Is the solution shown below correct? Explain.

9x+2=8x2+6x

Negative 8 x squared + 3 x + 2 = 0. x = StartFraction negative 3 plus-or-minus StartRoot (3) squared minus (4) (negative 8) (2) EndRoot Over negative 16 EndFraction. x = StartFraction negative 3 plus-or-minus StartRoot 9 minus (64) EndRoot Over negative 16 EndFraction. x = StartFraction 3 plus-or-minus StartRoot 55 Endroot i Over 16 EndFraction.

Sample Response/Explanation: No.

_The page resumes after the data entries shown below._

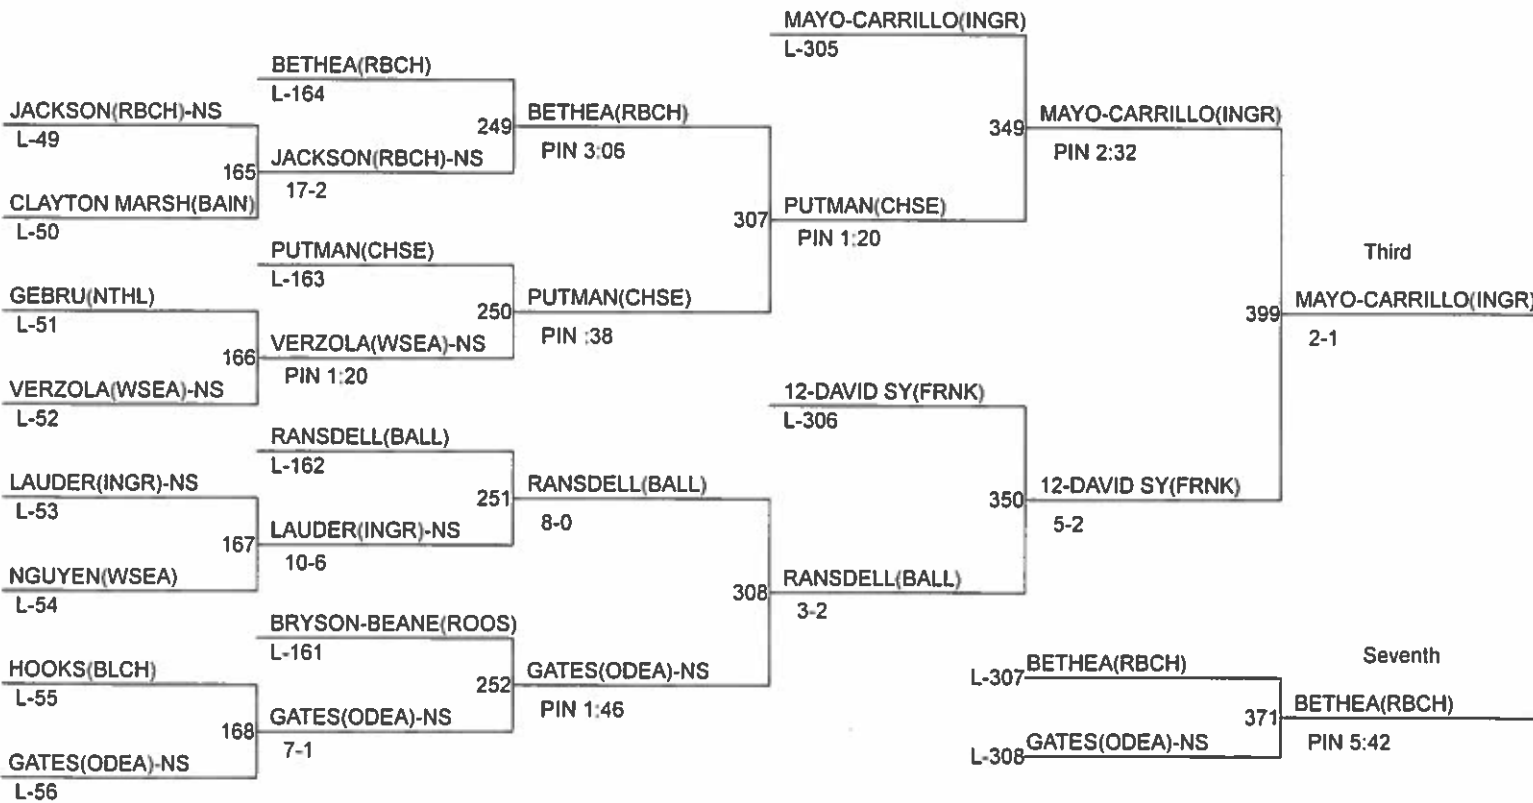

METRO CHAMPIONSHIPS

Weight Class : 145

1. 12-DUSTIN JOHNSON(ECAT)
2. 12-NATE BALINBIN(ODEA)
3. 11-SIMION MAYO-CARRILLO(INGR)
4. 12-DAVID SY(FRNK)
5. 11-CHAMP PUTMAN(CHSE)
6. 10-ROC RANDELL(BALL)
7. 11-MIKE BETHEA(RBCH)
8. 10-DEVIN GATES(ODEA)-NS
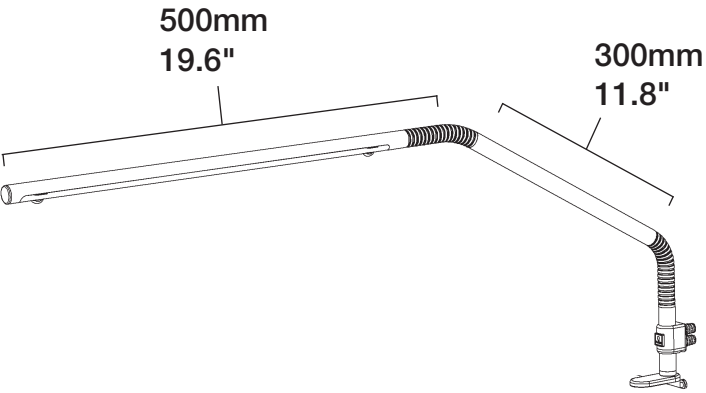

## Technical information

Replacement bulb/tube code	Daylight™ Light source	Tungsten Equivalent	Average Lumens	Average Lux (26cm)	Electronic Ballast	Height	Weight
D12100 for UK/Europe U12100 for USA A12100 for Australia	11w (included)	60w	600lm	900	yes	150 - 550mm 6 - 22"	1.2kg 2.6lbs

 **Ultra Slim Manicure Lamp**

- Unique lamp for nail stations and tables
1. Stylish, slimline design in Brushed Chrome, looks great in any salon
  2. Long life 11 watt / T2 tube (equiv. 60w)
  3. Fully adjustable arm with 90cm/36" reach, direct the light exactly where you need it
  4. Height adjustable from 15 - 55cm/6 - 22"
  5. Supplied with table clamp

 **Lampe Manucure Ultra Slim**

- Lampe spécialement conçue pour les salons de beauté
1. Finition 'chrome' et ligne soignée pour un design unique
  2. Tube 11w basse température à économie d'énergie (equiv.60w)
  3. Bras articulé qui peut s'étendre jusqu'à 90cm/36"
  4. Hauteur ajustable de 15 - 55cm/6 - 22"
  5. Compatible avec l'ensemble des tables manucure (pince de table incluse)

 **Ultra Slim Manicure Lamp**

- Lampe speziell entwickelt für Nagelstudios
1. Elegantes "Slimline" Chrom Design, perfekte und ausgeglichene Ausleuchtung von grossen Arbeitsflächen
  2. Tageslicht Energiesparöhre 11 watt mit geringer Hitzeentwicklung (entspricht 60w)
  3. Sehr flexibler, 90cm/36" langer Arm
  4. Höhenverstellbar von 15 - 55cm/6 - 22"
  5. Im Lieferumfang enthalten: Tischklemme und Schaft für Nageltische

The correct values of a, b, and c were substituted in, but the formula was simplified wrong. The 64 should be added so the radicand is 73. There should be 2 real roots.

It is wrong

Step-by-step explanation:

What we have is as follows;

9x + 2 = 8x^2 + 6x

Bringing 9x + 2 yo the right hand side, we have;

8x^2 + 6x - 9x - 2 = 0

8x^2 - 3x - 2 = 0

So what is used here is the quadratic formula and we want to try to see if it was used correctly.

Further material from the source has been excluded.